What the task asks
The records sit below. Return every line in them that holds the word "Chandelier".

Excerpts from a dataset:
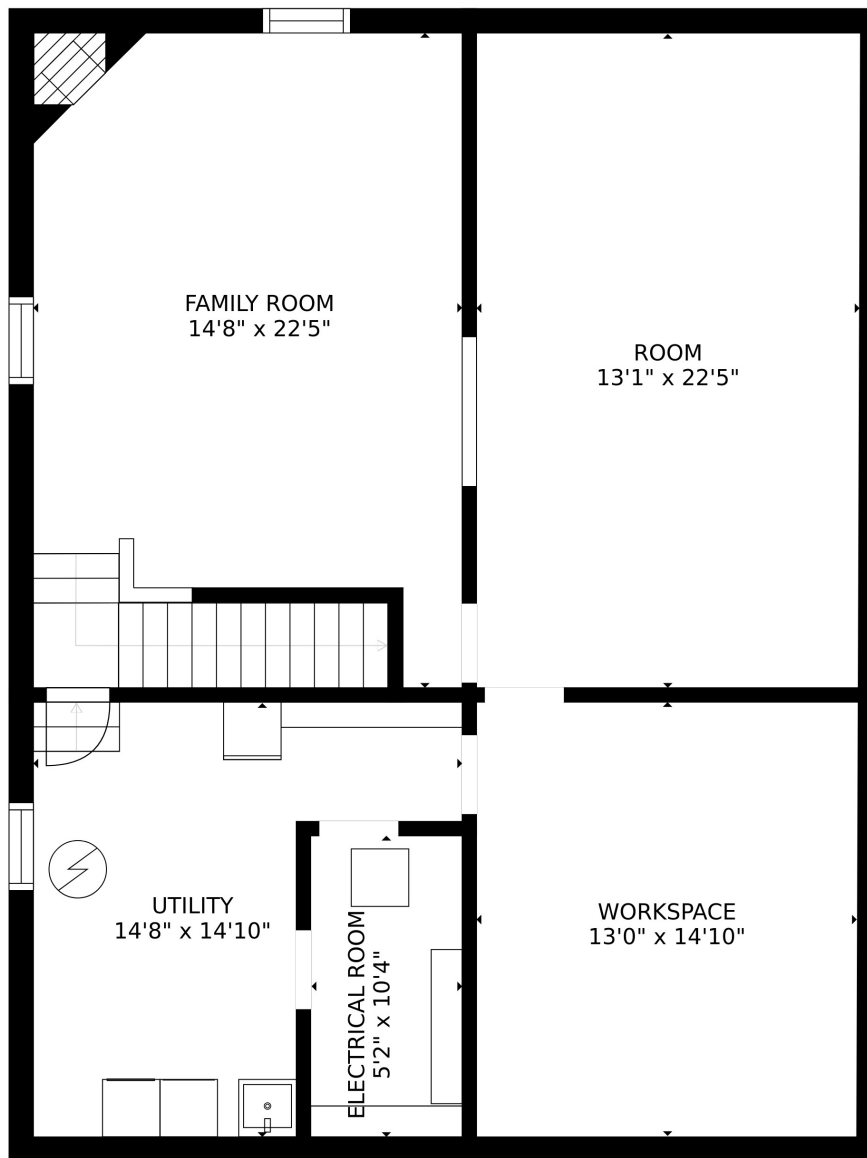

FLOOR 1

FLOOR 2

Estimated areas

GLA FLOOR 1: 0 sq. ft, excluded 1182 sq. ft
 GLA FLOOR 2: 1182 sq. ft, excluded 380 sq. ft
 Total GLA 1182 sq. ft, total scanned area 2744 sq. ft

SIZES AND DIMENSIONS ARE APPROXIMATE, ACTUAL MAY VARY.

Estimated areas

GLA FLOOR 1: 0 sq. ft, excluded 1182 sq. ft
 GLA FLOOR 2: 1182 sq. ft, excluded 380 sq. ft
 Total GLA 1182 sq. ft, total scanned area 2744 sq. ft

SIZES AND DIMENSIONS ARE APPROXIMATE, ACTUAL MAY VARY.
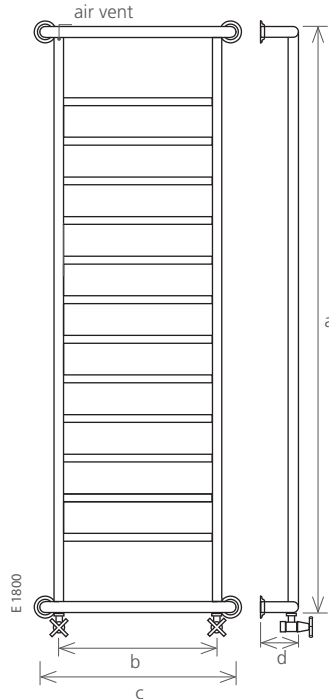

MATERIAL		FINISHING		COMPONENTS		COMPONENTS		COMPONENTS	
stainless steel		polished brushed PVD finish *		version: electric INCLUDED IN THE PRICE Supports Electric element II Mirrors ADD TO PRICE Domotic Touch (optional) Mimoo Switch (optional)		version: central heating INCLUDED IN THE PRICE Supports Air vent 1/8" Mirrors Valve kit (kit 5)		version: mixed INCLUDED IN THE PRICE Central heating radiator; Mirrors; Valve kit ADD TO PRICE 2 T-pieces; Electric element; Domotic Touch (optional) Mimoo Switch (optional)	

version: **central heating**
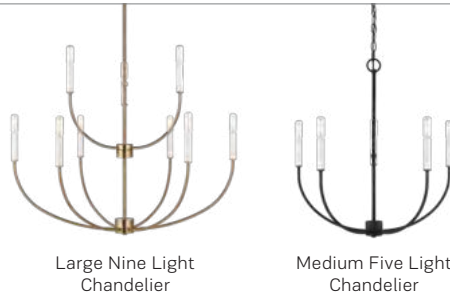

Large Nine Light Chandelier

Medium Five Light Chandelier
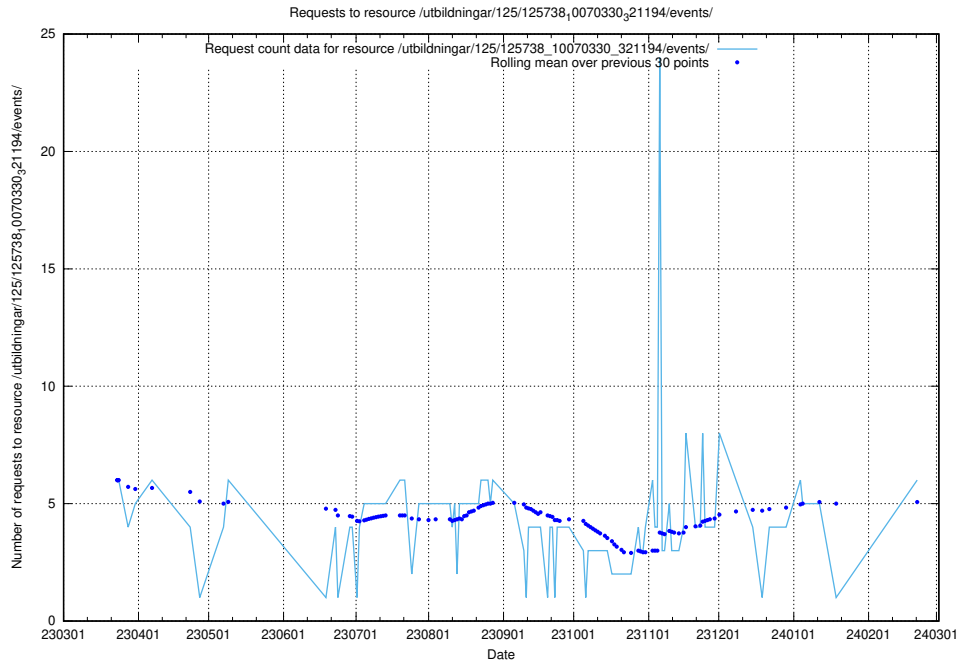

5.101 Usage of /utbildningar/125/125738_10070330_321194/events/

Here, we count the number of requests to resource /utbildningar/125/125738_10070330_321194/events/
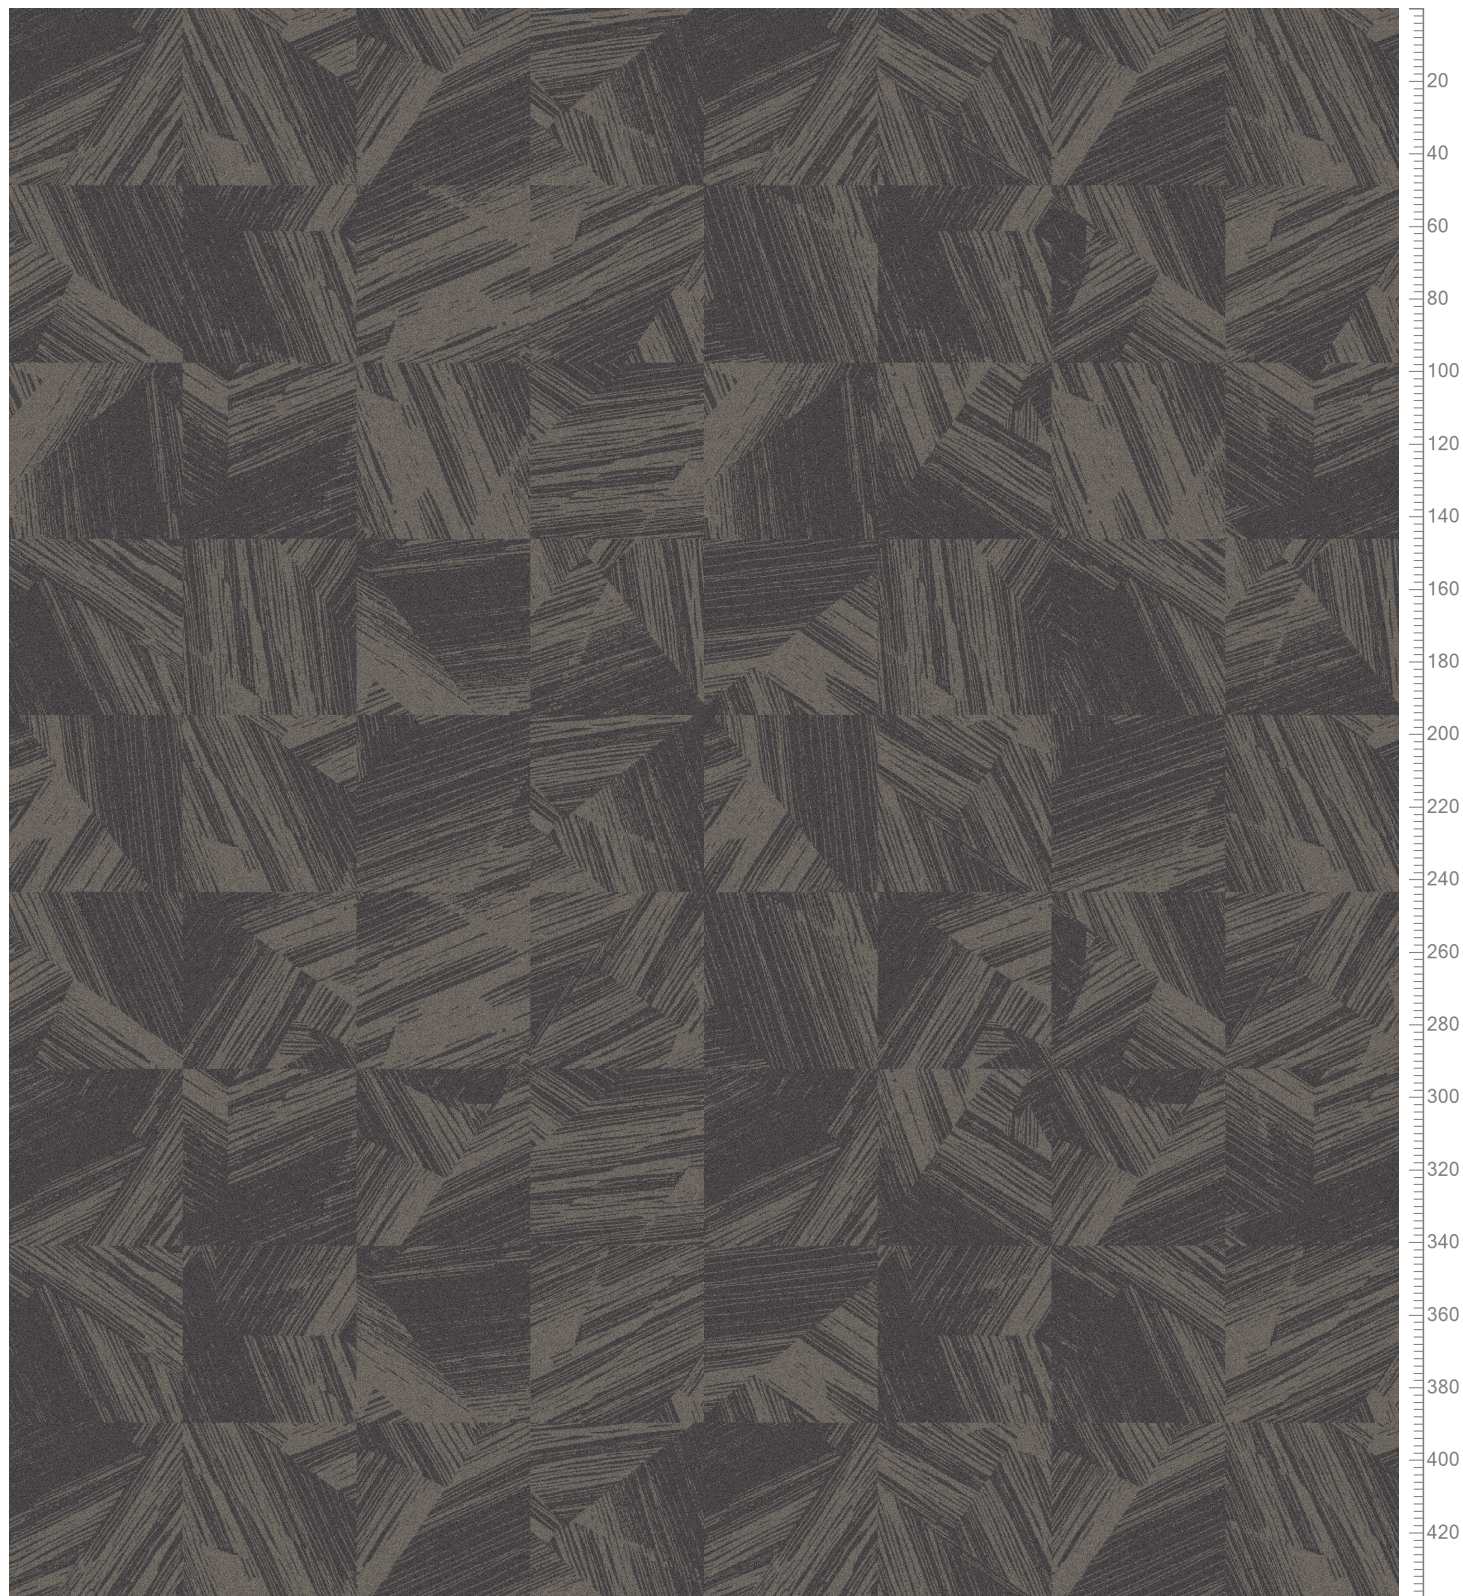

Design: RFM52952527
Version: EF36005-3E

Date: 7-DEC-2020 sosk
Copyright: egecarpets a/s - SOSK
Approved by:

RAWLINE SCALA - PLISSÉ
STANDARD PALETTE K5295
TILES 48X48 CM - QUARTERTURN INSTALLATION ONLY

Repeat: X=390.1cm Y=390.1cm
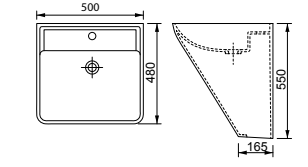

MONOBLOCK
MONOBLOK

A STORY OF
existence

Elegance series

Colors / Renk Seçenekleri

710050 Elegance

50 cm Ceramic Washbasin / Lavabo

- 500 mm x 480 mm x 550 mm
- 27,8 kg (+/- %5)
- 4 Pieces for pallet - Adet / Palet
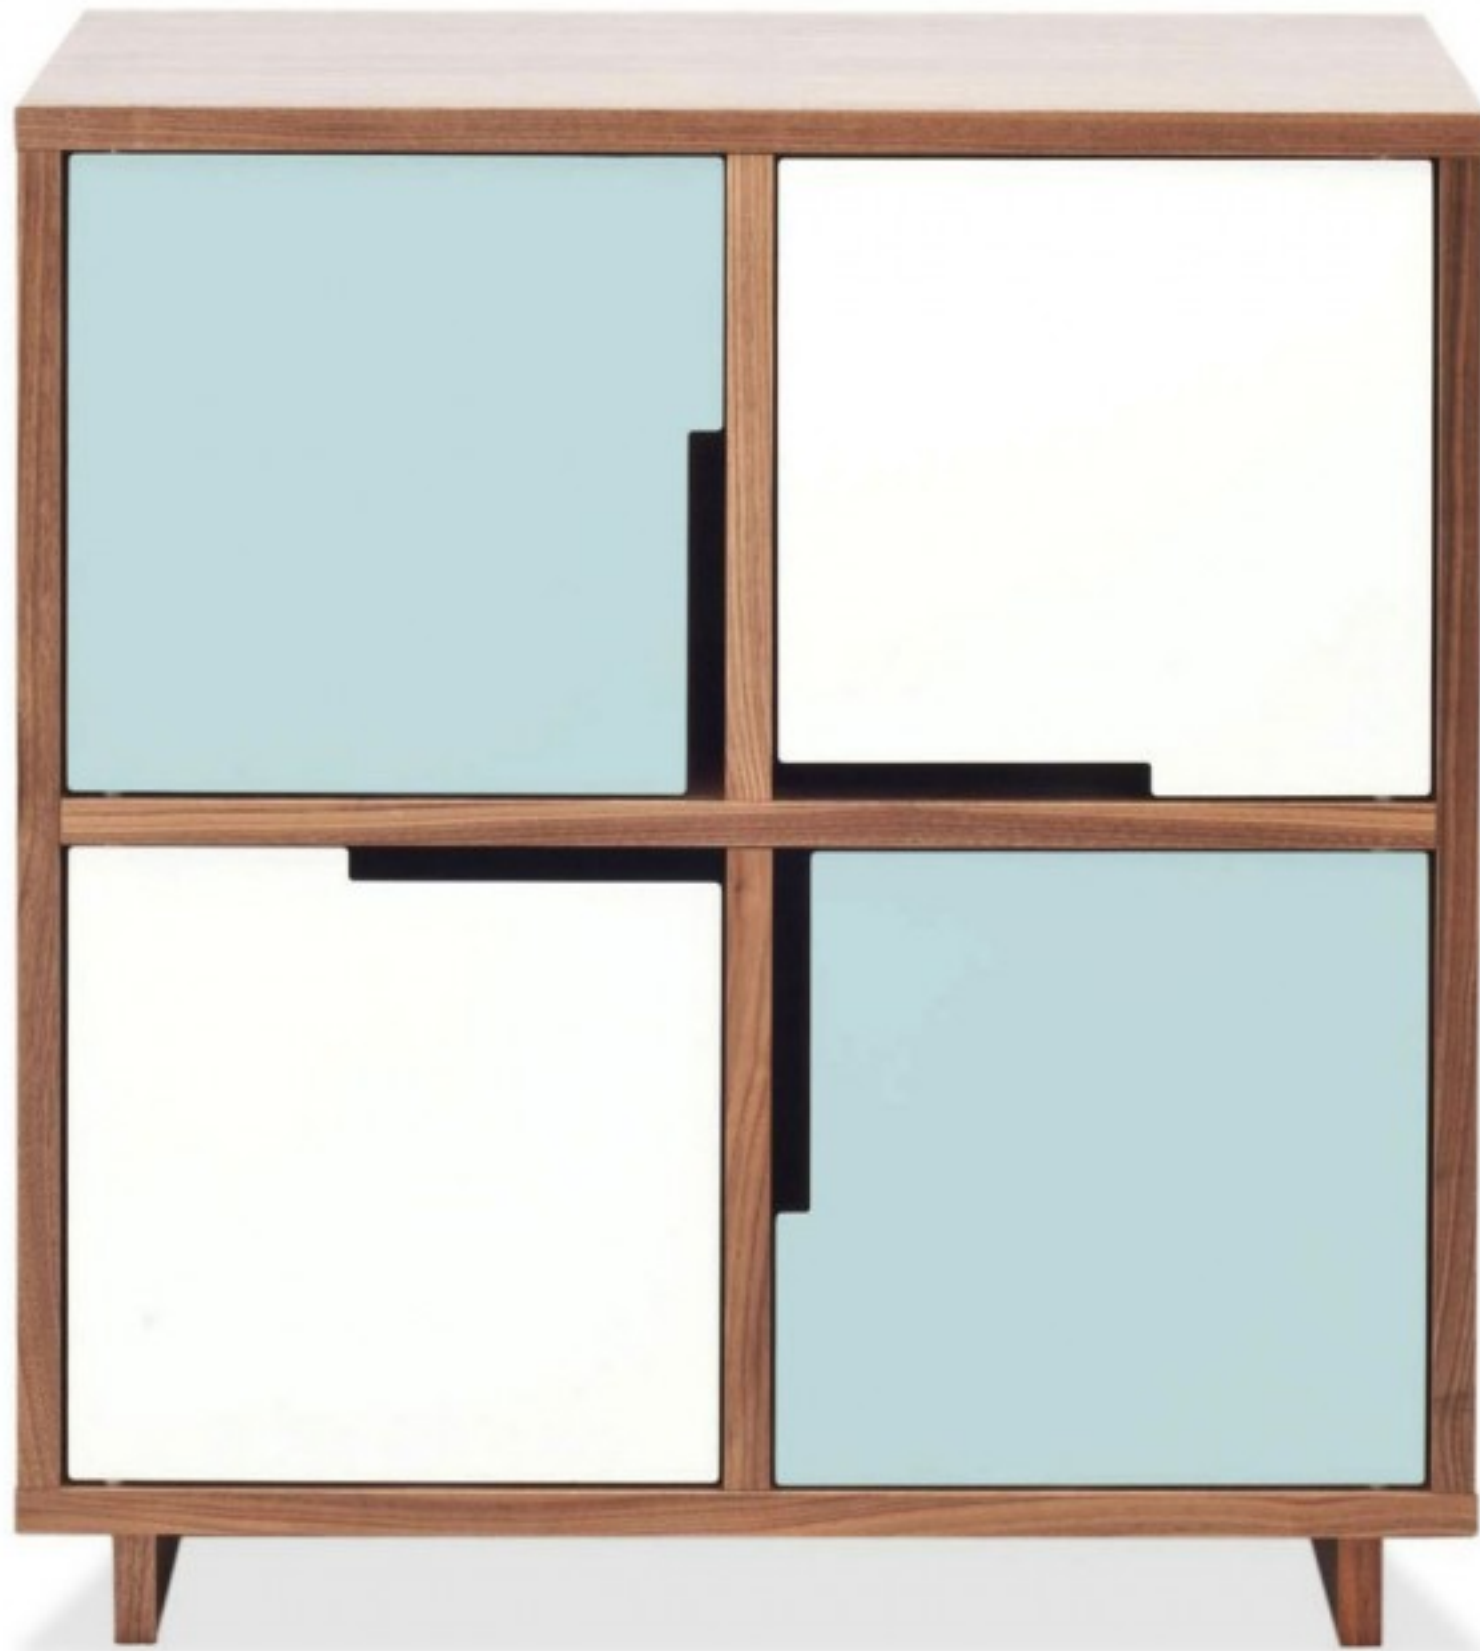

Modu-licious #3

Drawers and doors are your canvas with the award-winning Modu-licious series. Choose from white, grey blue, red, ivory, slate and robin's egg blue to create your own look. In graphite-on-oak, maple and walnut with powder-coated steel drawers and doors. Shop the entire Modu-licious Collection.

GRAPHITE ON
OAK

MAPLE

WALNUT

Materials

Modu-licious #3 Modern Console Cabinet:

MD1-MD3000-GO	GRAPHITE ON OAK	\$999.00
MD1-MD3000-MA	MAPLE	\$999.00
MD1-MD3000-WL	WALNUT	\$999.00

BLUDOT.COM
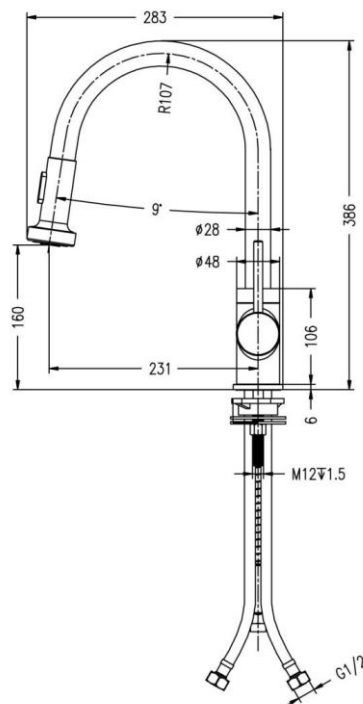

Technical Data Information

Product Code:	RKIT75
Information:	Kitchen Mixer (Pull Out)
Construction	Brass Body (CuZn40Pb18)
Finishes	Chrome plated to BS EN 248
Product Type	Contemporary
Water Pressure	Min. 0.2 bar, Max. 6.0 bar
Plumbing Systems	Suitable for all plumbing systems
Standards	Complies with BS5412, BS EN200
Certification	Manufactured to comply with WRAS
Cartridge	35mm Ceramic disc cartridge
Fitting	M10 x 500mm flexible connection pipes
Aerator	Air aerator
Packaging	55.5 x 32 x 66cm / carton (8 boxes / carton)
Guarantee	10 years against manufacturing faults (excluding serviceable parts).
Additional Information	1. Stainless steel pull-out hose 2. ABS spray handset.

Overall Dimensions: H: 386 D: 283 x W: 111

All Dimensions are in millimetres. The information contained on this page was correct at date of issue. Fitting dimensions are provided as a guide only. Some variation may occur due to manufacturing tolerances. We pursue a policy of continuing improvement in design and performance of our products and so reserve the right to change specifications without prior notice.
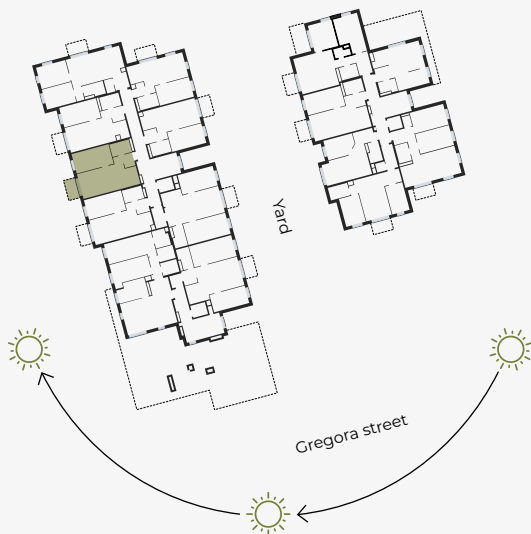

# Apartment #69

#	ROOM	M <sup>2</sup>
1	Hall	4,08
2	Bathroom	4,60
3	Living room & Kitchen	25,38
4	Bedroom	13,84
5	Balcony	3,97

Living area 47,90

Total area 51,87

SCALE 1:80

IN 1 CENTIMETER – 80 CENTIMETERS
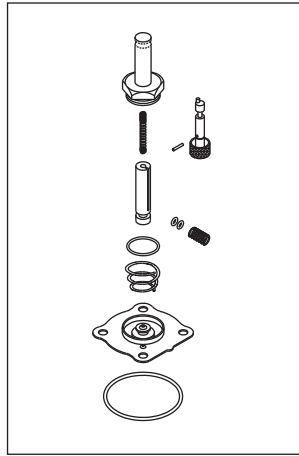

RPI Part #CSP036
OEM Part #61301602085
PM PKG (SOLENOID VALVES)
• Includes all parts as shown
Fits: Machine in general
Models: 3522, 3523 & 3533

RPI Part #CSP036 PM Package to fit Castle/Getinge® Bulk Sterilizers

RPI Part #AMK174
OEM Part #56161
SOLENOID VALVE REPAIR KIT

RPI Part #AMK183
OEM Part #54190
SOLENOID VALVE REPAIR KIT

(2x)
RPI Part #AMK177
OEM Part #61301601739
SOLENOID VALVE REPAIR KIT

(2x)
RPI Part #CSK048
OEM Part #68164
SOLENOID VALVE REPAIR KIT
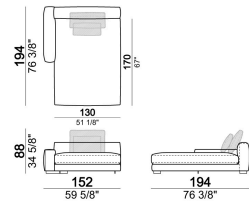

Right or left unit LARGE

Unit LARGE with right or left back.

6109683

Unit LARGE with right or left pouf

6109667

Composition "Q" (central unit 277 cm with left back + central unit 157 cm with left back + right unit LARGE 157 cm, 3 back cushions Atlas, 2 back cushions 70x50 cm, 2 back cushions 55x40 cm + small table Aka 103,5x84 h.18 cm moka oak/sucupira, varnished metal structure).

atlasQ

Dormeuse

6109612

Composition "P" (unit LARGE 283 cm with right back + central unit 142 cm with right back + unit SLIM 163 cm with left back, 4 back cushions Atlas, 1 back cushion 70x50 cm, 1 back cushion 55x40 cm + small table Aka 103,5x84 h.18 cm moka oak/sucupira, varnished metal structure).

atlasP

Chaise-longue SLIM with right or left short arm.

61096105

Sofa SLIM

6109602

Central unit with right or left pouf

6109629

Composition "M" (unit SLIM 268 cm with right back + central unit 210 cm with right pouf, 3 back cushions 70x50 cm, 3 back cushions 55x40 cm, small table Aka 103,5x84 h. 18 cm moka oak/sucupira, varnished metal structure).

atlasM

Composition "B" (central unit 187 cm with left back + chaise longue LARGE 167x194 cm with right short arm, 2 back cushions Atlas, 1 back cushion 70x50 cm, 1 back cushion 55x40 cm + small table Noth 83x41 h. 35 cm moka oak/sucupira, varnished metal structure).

Answer to this problem
Large Nine Light Chandelier
Medium Five Light Chandelier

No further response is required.